So why does Russia remain non-committal? Russian Economy Minister Alexei Ulyukayev, who yesterday insisted there are “no preliminary agreements” between the two nations, claimed that any agreement “assumes a massive amount of work and a clear desire to join on the part of a country that’s a possible candidate. We have seen no such clear desire,” he contended.

Nonsense. As The Atlantic’s Brian Whitmore explains, protests in the Ukraine have galvanized Russian opposition to Vladimir Putin’s autocratic rule. Protesters have gathered outside the Ukrainian Embassy in Moscow, and 30 high-profile Russians writers and poets wrote an open letter in support of their Ukrainian counterparts, noting that their demonstrations “would be a sign that in Russia we too can defend our rights and freedoms. We are with you!”

Whitmore further explains that the timing of the current protests is significant in that they are occurring almost exactly two years after Russians engaged in the largest anti-government demonstration since the fall of the Soviet Union.
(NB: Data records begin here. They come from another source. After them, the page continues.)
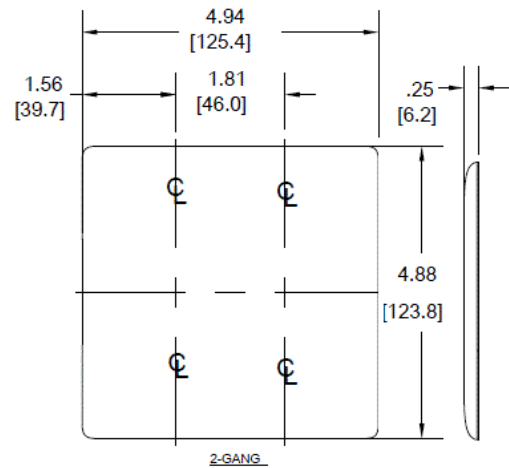

### Ordering Information

Description	Color	Catalog Number	UPC
2-Gang, 1-Toggle Opening, 1-Blank, Mid-Size	Gray	NPJ1326	883778108853

### Specifications

Material	Nylon
Plate Type	2-Gang
Plate Openings	Blank, Decorator
Mounting Screws	Steel painted, slotted head
Appearance	Smooth

### Online Resources

Customer Use Drawing  
eCatalog

Dimensions in Inches (mm)

Hubbell Wiring Device-Kellems • Hubbell Incorporated (Delaware) • 40 Waterview Drive • Shelton, CT 06484

Phone (800) 288-6000 • Fax (800) 255-1031 • Specifications subject to change without notice.

Writing for the New York Times, Moscow journalist Masha Gessen illuminates the significance of Ukraine’s unrest. “Russia is using every kind of pressure–from threatening economic sanctions to declaring tens of thousands of Ukrainians persona non grata–all in order to drag Ukraine back into the Middle Ages with it,” she writes. “Western Europe, which has many demands of its own, promises a future of openness and progress.” She further notes that if the protests succeed, “they may change the future of not one but two of the largest countries in Europe.”

Putin is keenly aware of the consequences of such success. Eight days ago, he characterized the demonstrations as a “pogrom.” “This internal political process is an attempt by the opposition to destabilize the existing legitimate rule in the country,” he said during a visit to the former Soviet nation of Armenia. Yesterday he upped the ante, dissolving the state news agency RIA Novosti. It will be replaced with an entity called Rossiya Segodnya, which will be tasked with the mission of promoting Russia’s image around the world. It marks Putin’s second effort in two weeks to accomplish what RIA described as ”a series of shifts in Russia’s news landscape which appear to point towards a tightening of state control in the already heavily regulated media sector.”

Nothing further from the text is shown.